Нет, Лера не чертила никаких кругов, не рисовала пентаклей, не зажигала свечей, не воскуривала фимиам. Она просто села поудобней в кресло, поджала под себя уютно ноги. И не выпуская из рук кошку, открыла книгу и стала зачем-то проводить пальцем по краю страницы сверху вниз, перелистывала и также поступала с последующими. Мне стало ещё интересней. Я аккуратно подошёл. Стараясь не нарушать процесса, стал следить за Лериной рукой. Ничего не спрашивал, – ждал, когда мне откроют тайну. Хотя сам уже начал догадываться, в чём смысл происходящего. «Не буду форсировать события».

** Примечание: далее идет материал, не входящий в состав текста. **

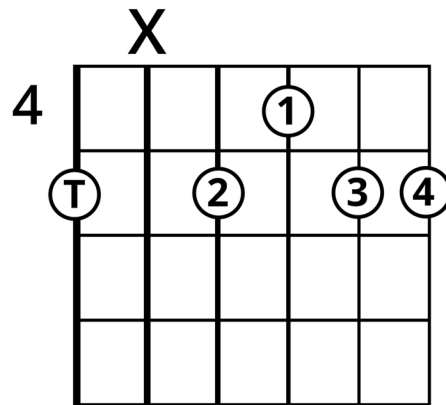

# Ayla's Favorite Jimmy Hendrix Chords

with Ayla Tesler-Mabe

**E Dom7 Sharp9**  
(E7#9)

**G#m7**

**A Major**

**Asus2**  
(A<sup>7sus2</sup>)

**A Dom7 sus2**  
(A<sup>7sus2</sup>)

**A/C#**

– Ты пытаешься «пропальпировать»[9 - Пальпировать, -рую, -руешь; -анный; сов. и несов., что (спец.). Производя медицинское обследование, ощупать (-ывать) какую-н. часть тела. В тексте использование слова пропальпировать больше, как сравнительное с данным методом, относительно предполагаемой ситуации.] ситуацию глазами? – Спросила Лера, с улыбкой посмотрев на меня.

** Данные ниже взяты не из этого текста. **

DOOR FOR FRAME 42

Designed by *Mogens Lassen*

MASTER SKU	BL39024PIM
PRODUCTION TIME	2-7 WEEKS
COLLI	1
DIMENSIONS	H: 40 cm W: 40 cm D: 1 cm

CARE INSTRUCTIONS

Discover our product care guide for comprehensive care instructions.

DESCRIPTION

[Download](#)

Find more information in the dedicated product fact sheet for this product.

Я не знал такого слова, но понял его значение и, замахал положительно головой. «Пропальпировать – наверное, каким-то образом исследовать?» – В доли секунды спросил я себя.
– Смотри, я сейчас тебе всё объясню. Я смотрю на последние две буквы каждой строчки и выбираю подходящие – сочетаемые слоги друг за другом идущие. – Лера поставила пальчик сверху и повела медленно вниз. При этом она начала читать по слогам, словно произнося заклинание: – то-ри… ть-ем… со-то… на-ке… ну-и… по-ни… ла-ми… си-ла… ко-ля… ко-нь… – на этом месте Лера усмехнулась, – и продолжила снова: – да-ма… – Лера посмотрела на кошку, я тоже посмотрел на кошку. Она же посмотрела на нас грустными глазами. – Не-ет! Ты не дама! – По иронии кошка сглотнула слюну. Мы засмеялись и вместе погладили её.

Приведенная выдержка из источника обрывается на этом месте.